• WHAT NEEDS TO BE DONE
Below are entries; count the lines among them that contain the word "Gain", and give only the count.

(Records drawn from a dataset)
_ _ _ _
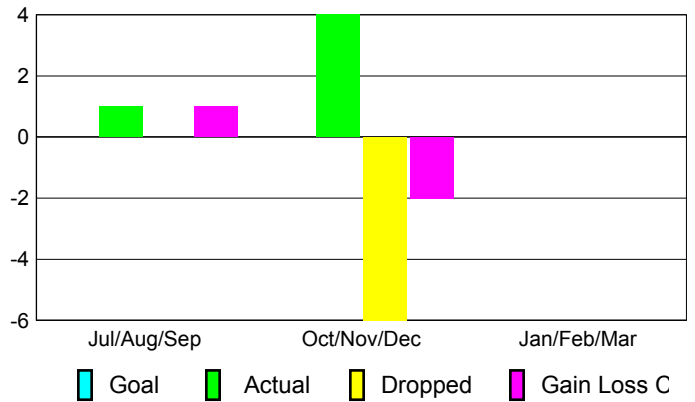

Membership Results 2012-2013

Goal, New, Dropped, Gain/Loss

Comparison of Membership Gain/Loss

Current Year Compared to the Previous Year
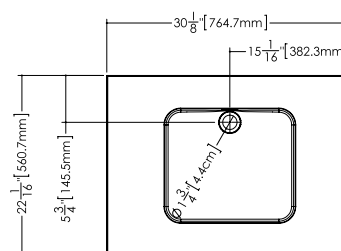

Déco

Lavatory VDCOS 30

inch 30 1/8 x 22 1/16 x 2 mm 765 x 561 x 51

WETMAR
BIO™

Interior dimensions

- inch 15 15/16 x 13 15/16 x 4 9/16
- mm 405 x 355 x 116

Weight

- 19 lb — 9 kg

Material

- WETMAR BIO™

Color and finishes

- White, True High Gloss™ or matte

Codes / Standards Applicables

- IAPMO-ANSI Z124.1
- IAPMO-ANSI Z124.3
- CSA B 45.0
- CSA B45.4

IMPORTANT

The Déco washbasins have recessed drain holes. For a perfect look, we strongly recommend using the following WETSTYLE pop-up drain models: DS02RF (no overflow) or DS02RF-O (with overflow).

Top view

Front view

Profile view

WETSTYLE cannot be held responsible for any technical errors and reserves the right to make revisions without notice.

Approximate measurement. The manufacturer accept 1/4" (6.35mm) variance.
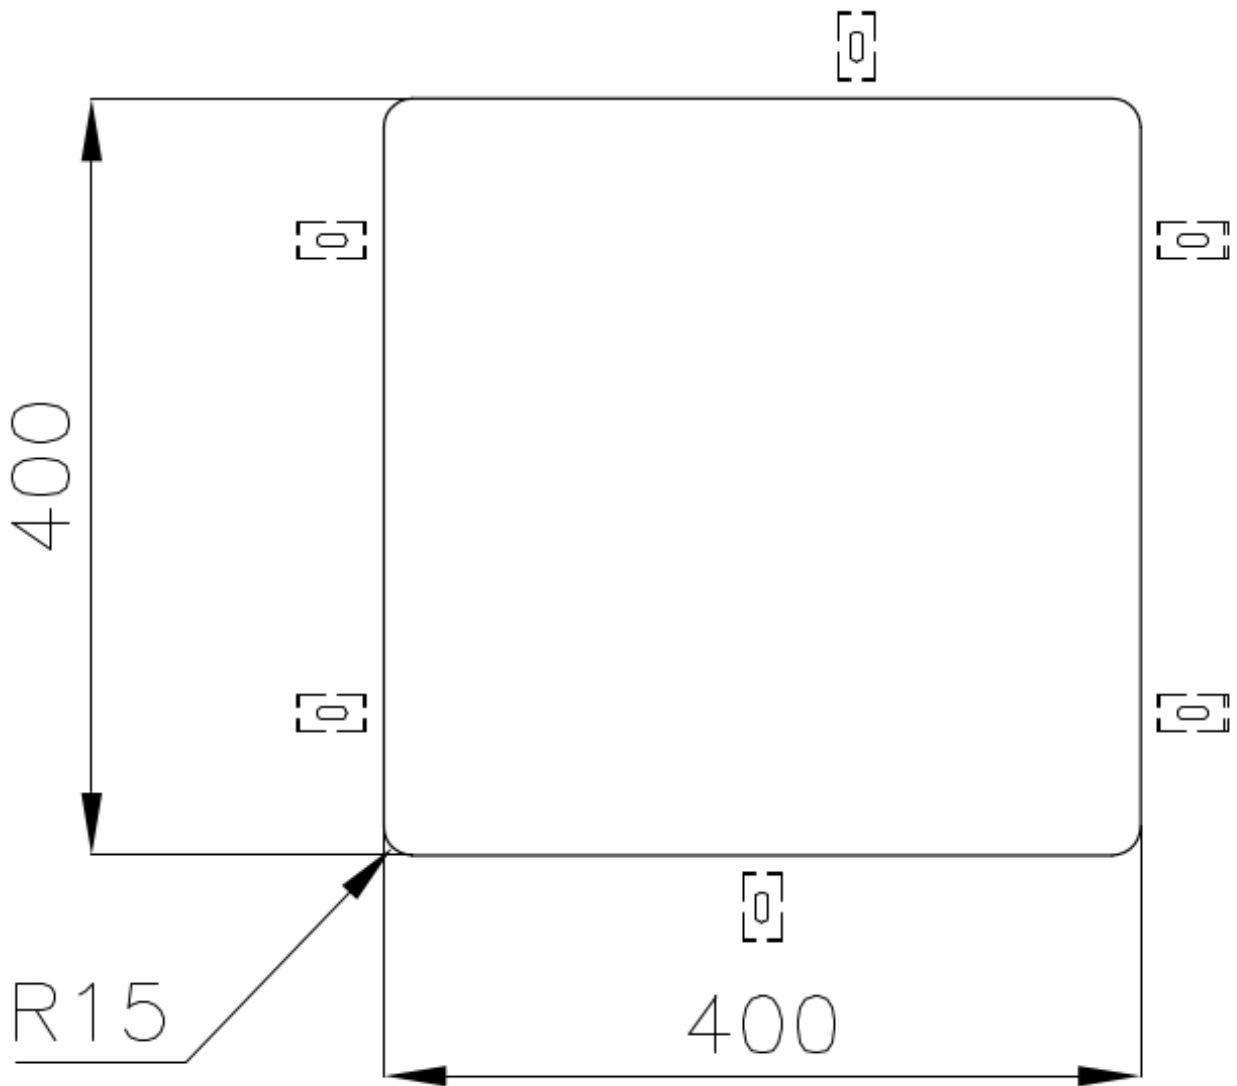

Texture Vintage

Base 45 cm

Dimensions 440x440 mm

Standard fittings Fixing hooks, gasket, drain, overflow and siphon, boxed packing

Mixer holes No standard holes

Built-in hole [View technical data sheet](#)

Drainer No

Width 44 cm

Bowl dimension 400 x 400 mm

Number of bowls 1 bowl

Waste fitting 3,5" drain

FEATURES

VINTAGE PVD The prestigious PVD finish combines with the care for detail of the Vintage finish, to create a combination of unique elegance.

Basket 3,5" waste fitting The drain is equipped with a large 3.5" drain, with the practical basket cap that prevents the discharge of solid parts.

High thickness 1mm thick steel. A significant thickness, which guarantees the maximum sturdiness and durability.

Small radius Bowls with squared shapes with a modern design and an increased capacity, for a minimal aesthetics connected with an extreme practicality.

TECHNICAL DATA

Cut out size
Dimensioni per foratura top
_ _ _ _
• RESPONSE BELOW
2